§ Your task
Reading down the listing below, count the lines where the word "carried" shows up, then give only that count.

### Supplied information

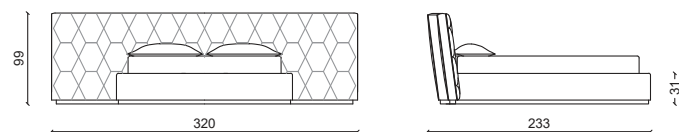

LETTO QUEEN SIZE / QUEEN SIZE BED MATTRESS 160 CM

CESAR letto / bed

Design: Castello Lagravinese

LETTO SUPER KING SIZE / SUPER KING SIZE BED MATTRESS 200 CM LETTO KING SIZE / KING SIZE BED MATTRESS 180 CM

######
### Supplied information

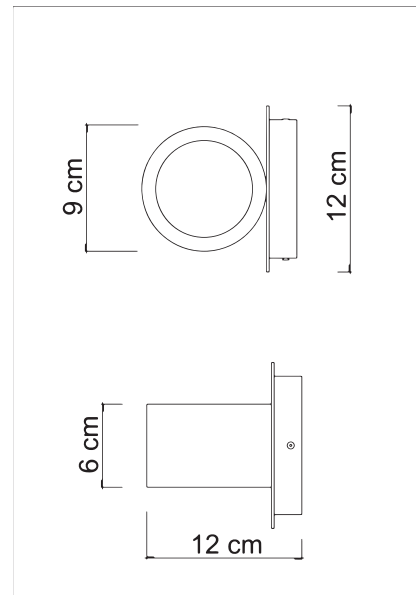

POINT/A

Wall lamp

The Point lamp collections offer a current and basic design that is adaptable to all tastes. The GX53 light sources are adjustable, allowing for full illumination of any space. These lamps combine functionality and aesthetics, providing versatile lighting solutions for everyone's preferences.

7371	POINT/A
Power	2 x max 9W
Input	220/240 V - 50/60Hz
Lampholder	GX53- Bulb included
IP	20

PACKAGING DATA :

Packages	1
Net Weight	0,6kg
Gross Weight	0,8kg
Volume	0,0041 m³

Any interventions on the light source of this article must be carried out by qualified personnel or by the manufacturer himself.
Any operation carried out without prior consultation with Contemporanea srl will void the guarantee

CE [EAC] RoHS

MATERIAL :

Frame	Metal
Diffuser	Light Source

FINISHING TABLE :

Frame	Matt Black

######

§ Response to the exercise
2